When Blong Yang worked as an investigator for the Minneapolis Department of Civil Rights, he asked his bosses for a leave of absence to run for public office. They refused.
Yang quit his job to run for office. He lost that race but ran for the City Council’s north Minneapolis seat and won. Now he’s chair of the committee that oversees the department he left, and his former boss, Velma Korbel, is catching darts for an angry speech she made to her staff. Funny sometimes how things turn out.
It gets worse. Last month Korbel criticized Yang during a discussion organized by the African-American caucus of the Minnesota DFL Party. “I don’t think he knows he’s supposed to represent the community,” she reportedly said of Yang.
Yang took that to mean that he can’t possibly represent a largely black constituency because he’s Hmong.
“She’s saying race matters in this situation,” said Yang. “To me, that’s more dangerous” than what she said to her employees. “She’s the person who is supposed to protect people’s civil rights, and she’s saying things like that? There is a double standard.”
On Wednesday, the Asian-American Organizing Project (AAOP) called for Korbel’s resignation over her remarks about Yang.
Korbel responded by letter, “I deeply regret any offense felt by members of the community when my comments were taken out of context.”
In an interview Friday, Korbel called Yang’s interpretation of her remarks to DFLers “absurd” and said she wants to work with the group and all City Council members.
Yang said her recent comments and rumors of dysfunction, and not his experience as an employee, are the reasons he was one of three council members who voted against her reappointment. The council has ordered Korbel to work with a consultant to improve her management skills.

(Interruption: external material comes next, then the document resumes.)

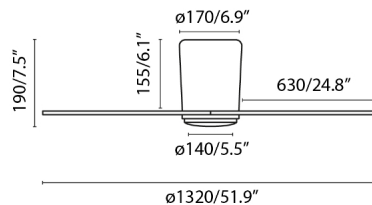

Ventilador de techo con luz y motor DC de líneas modernas ideal para habitaciones a partir de 17,6m<sup>2</sup>. Motor fabricado en acero y palas de madera color nogal y son no reversibles. Accionado por mando a distancia, incluido. Dispone de 6 velocidades regulables con un consumo de 2 - 7 - 9 - 14 - 21 - 32w y 50 - 82 - 114 - 146 - 178 - 210 revoluciones por minuto según velocidad. Este ventilador dispone de función inversa.

The mayor still supports Korbel.
Korbel’s lecture to her staff included accusations of laziness, low morale and “thievery.” Korbel said that she and the other managers “know a lot of people in the metro.”
“How hard do you think it’s going to be if you try to advance your career and you don’t have these people in your corner?” she asked. “You know who you are. Worse — I know who you are.”
To quote a popular poster: The beatings will continue until morale improves.
Korbel Friday said that her comments “were not artful,” but that she felt it necessary because some staff were “intent on sowing discontent.”
City officials “want a department that would be accountable to the work they are doing, and relevant to the city,” Korbel said. When that’s not happening, it makes her “ferocious,” she said.
Many support the director
While I find both her comments about Yang and to employees to be reckless and bad management, several City Hall insiders I talked to speak very highly of Korbel. One, who asked to remain anonymous, called her “the most competent director we have had in years.”
Former Mayor R.T. Rybak said he couldn’t speak of personnel issues inside the department but argues that Korbel has been very effective with the city’s Urban Scholars program and in getting contractors to meet obligations on hiring minorities.
“The words beleaguered and besieged have gone with the department for decades,” said Rybak, who hired Korbel. “It’s an extremely difficult job, and the director’s role is not necessarily to make people comfortable …
“One thing to remember is that she was sent in there with directions to get stronger performance from that department,” Rybak said. “We set an incredibly ambitious goal: Do what it takes to get remarkably high standards.”
Indeed, controversy surrounding the head of the MDCR is nothing new. Korbel is the sixth director in nine years. Unbelievable. Headlines such as “Civil Rights Dept. in turmoil” go back at least to 1994.
At least one director was fired. Several failed to be reappointed. One director failed to give the council an annual report for five years. Cases brought to the department have at times taken years to resolve, if at all. One lesbian director was sued by two gay men who said she was interested only in discrimination cases related to lesbians.
Korbel and the department have been sued twice since she has been director, once by employee Seema Desai, who claimed she was frequently harassed by managers and forced to work long hours without overtime pay. The city paid her more than $38,000.
On and on. One of my predecessors as a metro columnist many years ago suggested it might be time to consider abolishing the department altogether, something I will echo.
Korbel, a U.S. Navy veteran with an MBA in human resources management, said when she was hired: “One of the things I see is the need for some stability.”
Now, Korbel’s “directness” threatens the department’s stability once again.
Yang is among those who think that’s a shame.
“Leadership is on the line,” he said. “I feel bad for her employees. They work hard and are underappreciated by everyone. They are very good people.”
Korbel said despite being a “target,” she loves the job and wants to stay.
“I would like to preserve the legacy of this department.”